Raised in 1915 and originally intended as a formation of the Welsh Army Corps, 119 Brigade, consisting of four battalions of Welsh bantams, had crossed to France in June 1916 - more than a year after it was formed - as a part of the last of the New Army divisions to join the BEF. It then spent an undistinguished few months in the Loos sector. According to Crozier, fresh from his service commanding the 9th Royal Irish Rifles on the Somme, he was told on arrival at divisional headquarters, that the brigade was "very bad - quite the worst in the Division". Firmly believing that there were no such things as bad soldiers, only bad colonels, Crozier claimed to have transformed the brigade in six months and in the process removed "a brigade-major, a brigade signaling officer, nearly a dozen commanding officers in turn, a few seconds in command, three adjutants, several doctors, quartermasters and transport officers and one or two sergeant majors".

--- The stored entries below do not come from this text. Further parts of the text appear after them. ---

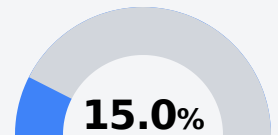

Provisional Teachers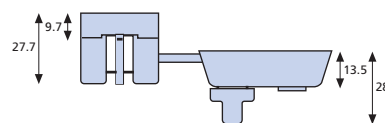

2mm Packer for Sash Jammer

White	818-16
-------	---------------

Ventilation Lock

White	812-12
White - Bulk	812-15
Brown	812-22
Brown - Bulk	812-25

Sash Jammer

Sash Jammer Lock

Ventilation Lock

All dimensions in mm.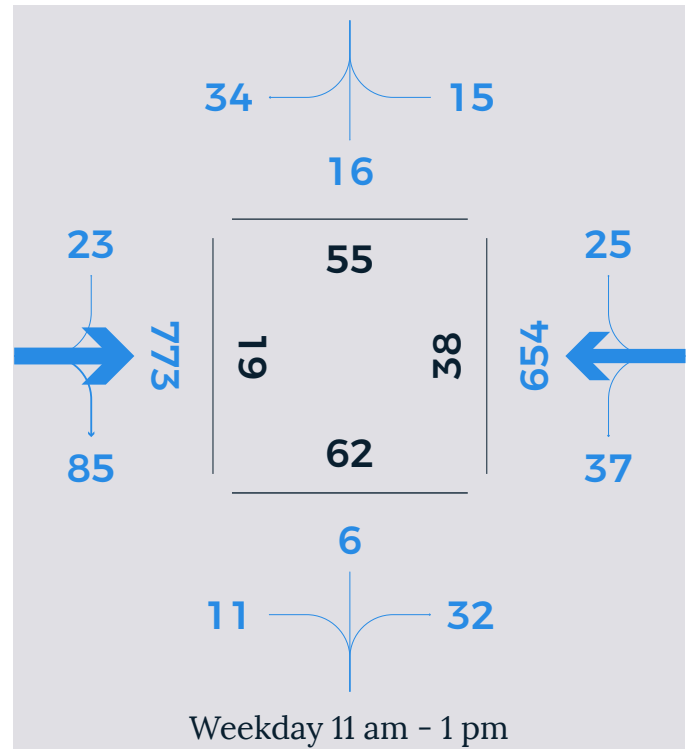

CAMDEN ST

Weekday counts conducted on Thursday, November 30, 2017. Saturday count conducted on December 2, 2017.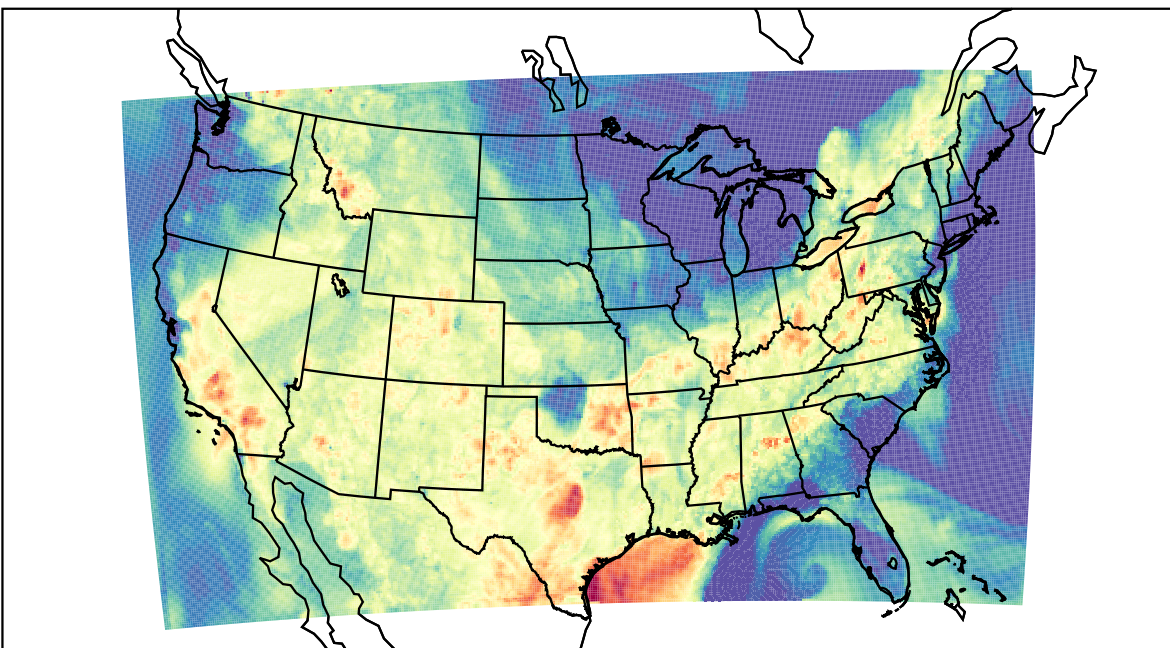

AirNOW (2023-08-30\_00:00:00)

WRF (2023-08-30\_00:00:00)

AirNOW (2023-08-30\_01:00:00)

WRF (2023-08-30\_01:00:00)

AirNOW (2023-08-30\_02:00:00)

WRF (2023-08-30\_02:00:00)

AirNOW (2023-08-30\_03:00:00)

WRF (2023-08-30\_03:00:00)

AirNOW (2023-08-30\_04:00:00)

WRF (2023-08-30\_04:00:00)

AirNOW (2023-08-30\_05:00:00)

WRF (2023-08-30\_05:00:00)

AirNOW (2023-08-30\_06:00:00)

WRF (2023-08-30\_06:00:00)

AirNOW (2023-08-30\_07:00:00)

WRF (2023-08-30\_07:00:00)

The brigade performed well in April 1917 around Villers Plouich and later, most famously, at Bourlon Wood in November 1917. After the major army reorganization of February 1918, the brigade was reconstituted with a majority of new battalions in time to be severely mauled in the German Spring Offensives but, reconstituted once again (largely with men considered unfit for front line service), it nevertheless performed creditably in the final months of the war. Despite these upheavals Crozier remained as GOC until after the end of hostilities and was one of just twenty-seven New Army brigadier-generals to remain in command for more than two years.